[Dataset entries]
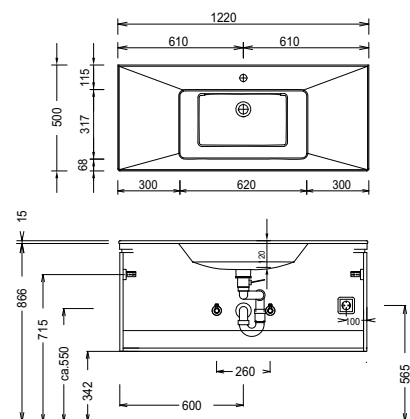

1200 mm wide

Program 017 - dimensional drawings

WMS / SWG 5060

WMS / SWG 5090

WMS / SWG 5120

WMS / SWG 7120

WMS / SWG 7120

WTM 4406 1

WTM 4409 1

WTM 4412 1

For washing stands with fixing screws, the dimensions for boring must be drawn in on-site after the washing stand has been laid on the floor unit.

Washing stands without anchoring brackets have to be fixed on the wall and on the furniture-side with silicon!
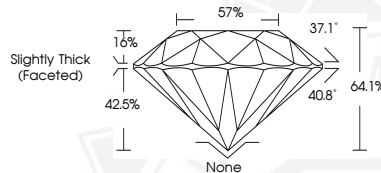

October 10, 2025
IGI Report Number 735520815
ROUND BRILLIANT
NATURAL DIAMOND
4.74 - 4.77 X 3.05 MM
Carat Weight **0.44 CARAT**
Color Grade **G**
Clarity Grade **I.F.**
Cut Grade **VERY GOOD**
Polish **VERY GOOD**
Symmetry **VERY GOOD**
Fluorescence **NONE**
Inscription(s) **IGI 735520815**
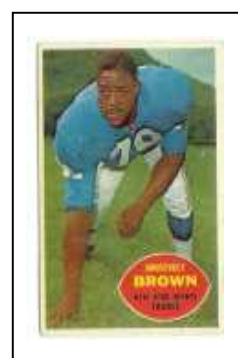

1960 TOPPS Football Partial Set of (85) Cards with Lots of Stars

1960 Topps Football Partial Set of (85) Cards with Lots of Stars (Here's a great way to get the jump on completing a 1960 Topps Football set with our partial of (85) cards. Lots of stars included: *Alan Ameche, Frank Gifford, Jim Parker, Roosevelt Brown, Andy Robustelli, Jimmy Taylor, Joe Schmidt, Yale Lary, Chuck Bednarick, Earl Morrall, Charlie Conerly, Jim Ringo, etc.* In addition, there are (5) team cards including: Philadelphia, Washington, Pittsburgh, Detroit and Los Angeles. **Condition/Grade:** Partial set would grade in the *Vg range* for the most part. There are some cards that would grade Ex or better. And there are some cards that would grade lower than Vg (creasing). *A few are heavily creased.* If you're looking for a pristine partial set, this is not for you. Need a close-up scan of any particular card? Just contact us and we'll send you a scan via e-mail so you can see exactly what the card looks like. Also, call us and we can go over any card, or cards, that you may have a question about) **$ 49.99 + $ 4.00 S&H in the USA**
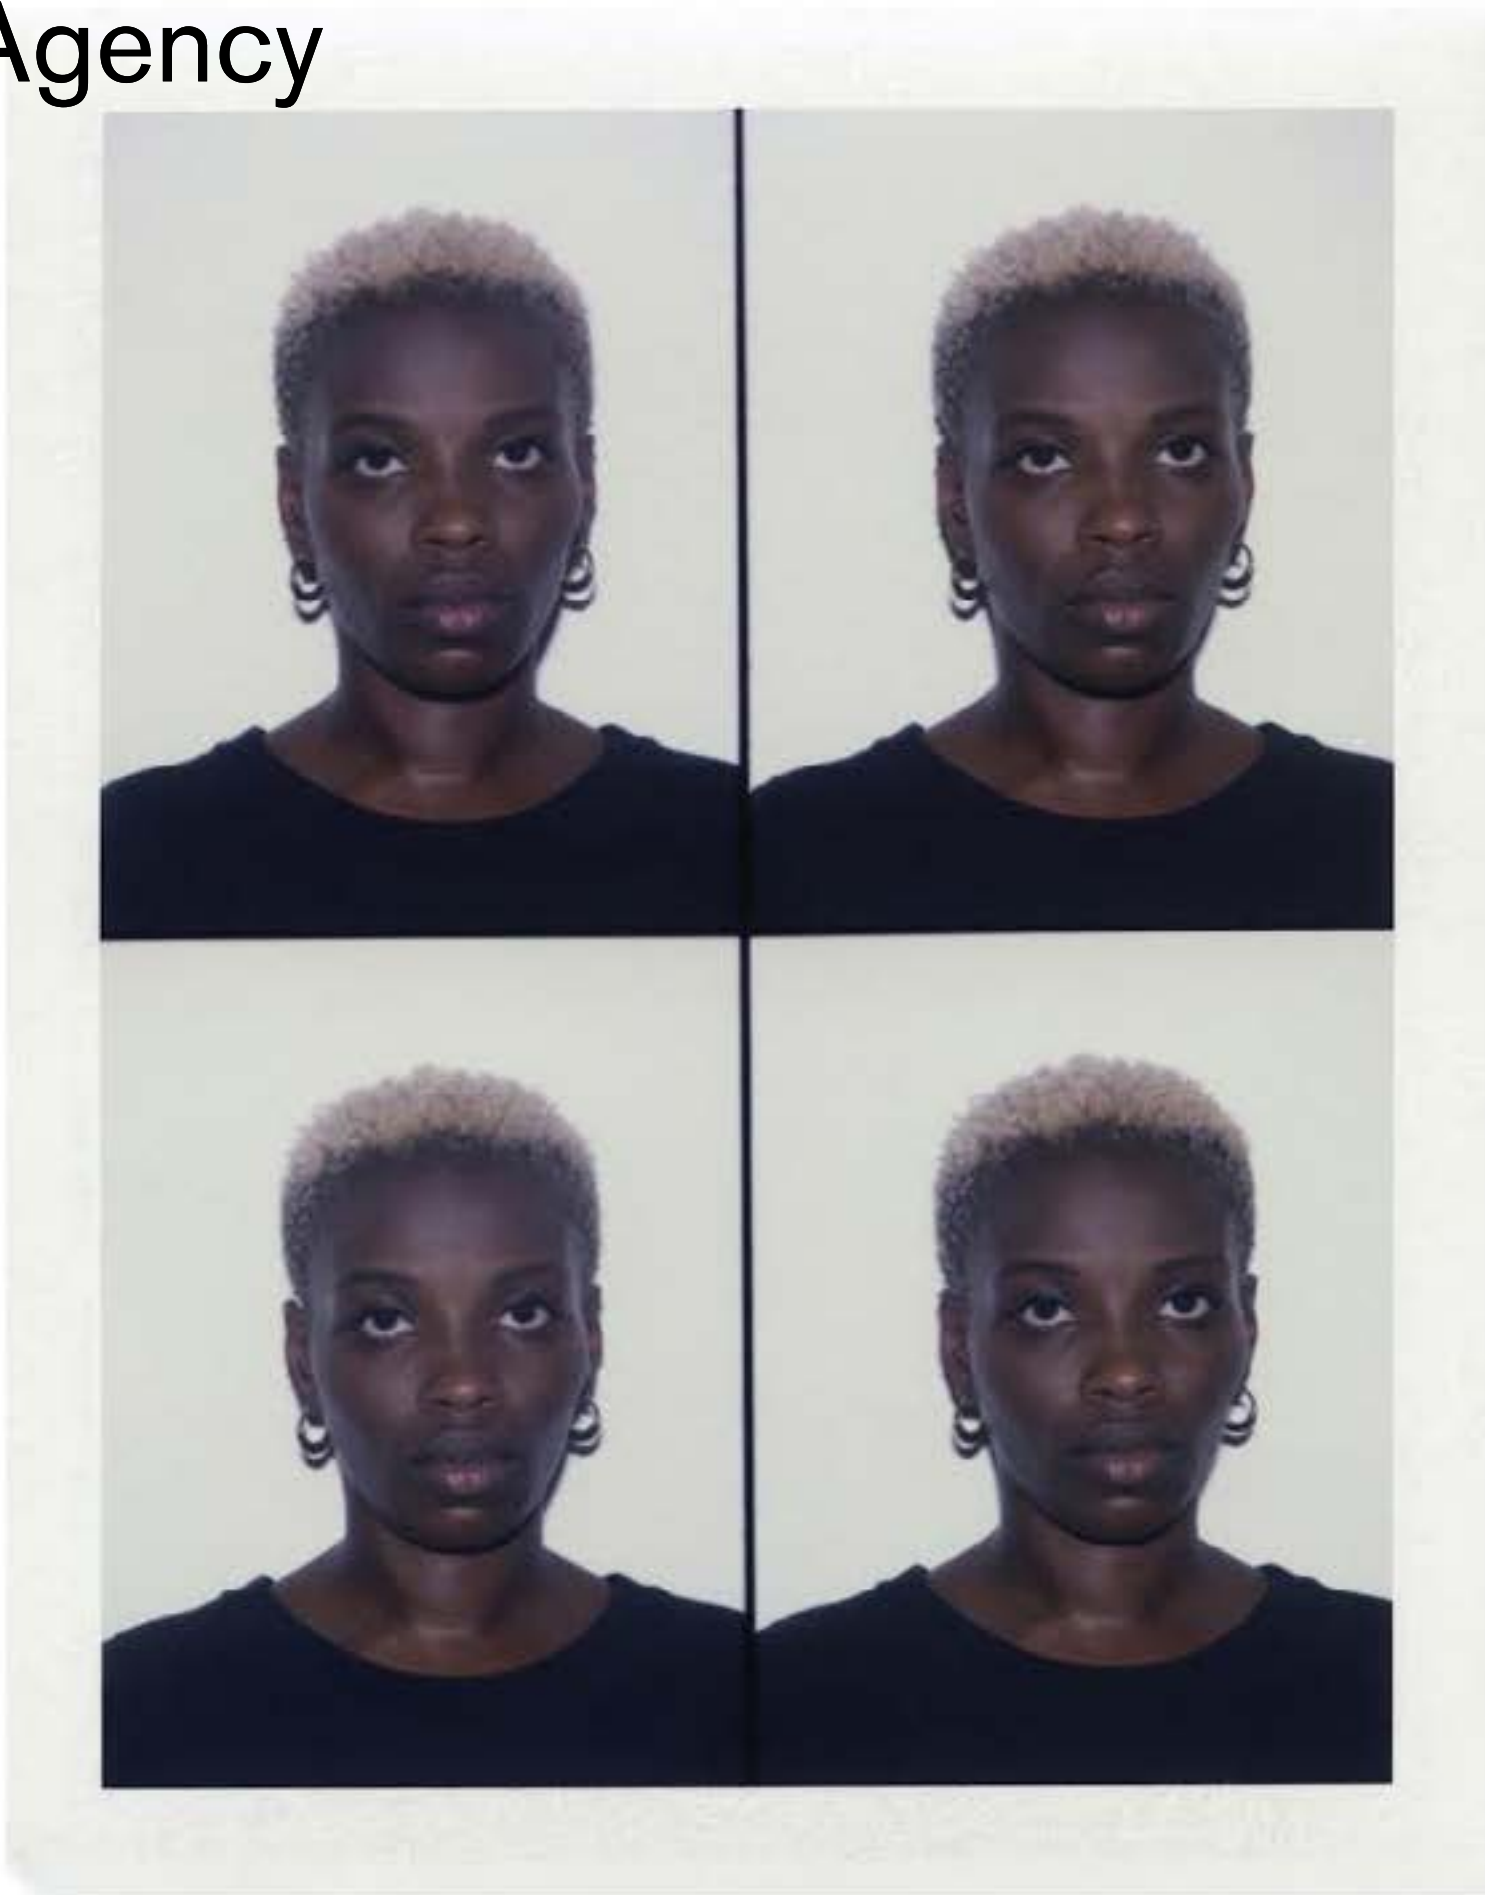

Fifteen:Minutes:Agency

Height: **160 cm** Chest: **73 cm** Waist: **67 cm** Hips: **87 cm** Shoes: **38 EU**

## [WHAT THIS TASK INVOLVES]
Pick out every line above that contains the word "stands" and copy it.

## [SOLUTION TO THIS PROBLEM]
For washing stands with fixing screws, the dimensions for boring must be drawn in on-site after the washing stand has been laid on the floor unit.
Washing stands without anchoring brackets have to be fixed on the wall and on the furniture-side with silicon!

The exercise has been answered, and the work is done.